EXTRACTED INFORMATION:
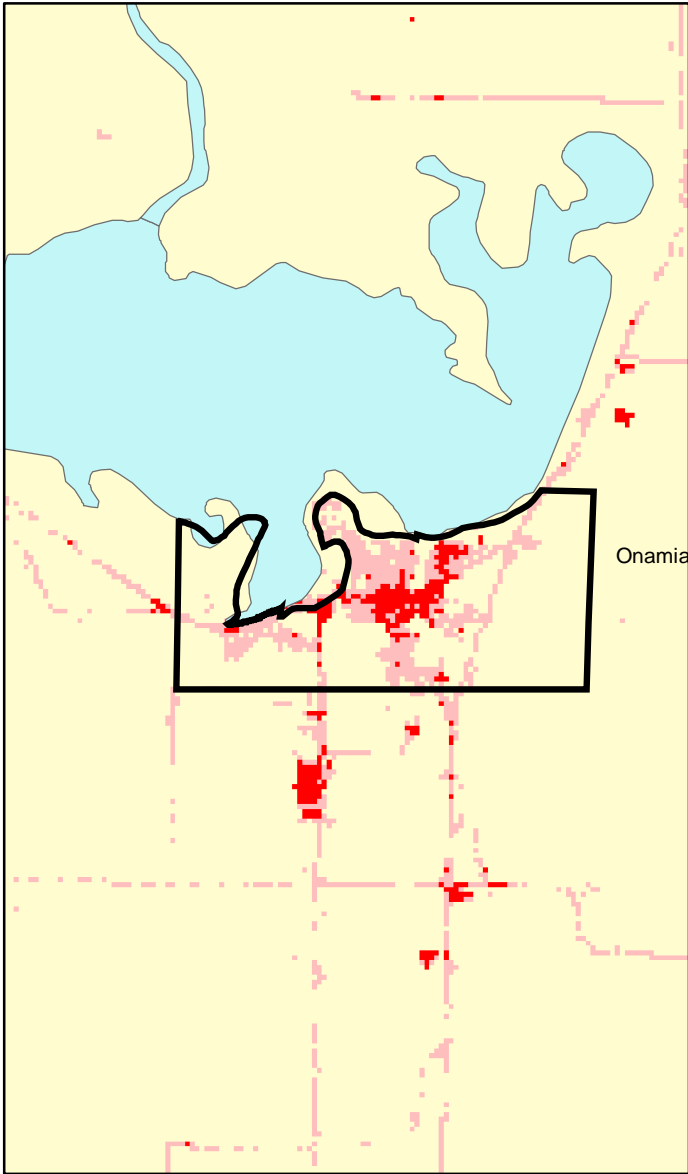

Onamia, MN: Impervious Cover

1990

2000

Onamia Summary	
Total Area Of MCD (Acres):	577
1990 Impervious Area Total (Acres):	62
2000 Impervious Area Total (Acres):	111
1991 Percent Impervious Surface:	11%
2000 Percent Impervious Surface:	19%
Increase In IC (Acres)	49
Percent Increase IC %	79%

ACTIVITY: Output everything in the records exactly, leaving pictures out.

ANSWER SECTION:
Onamia, MN: Impervious Cover

1990

2000

Onamia Summary	
Total Area Of MCD (Acres):	577
1990 Impervious Area Total (Acres):	62
2000 Impervious Area Total (Acres):	111
1991 Percent Impervious Surface:	11%
2000 Percent Impervious Surface:	19%
Increase In IC (Acres)	49
Percent Increase IC %	79%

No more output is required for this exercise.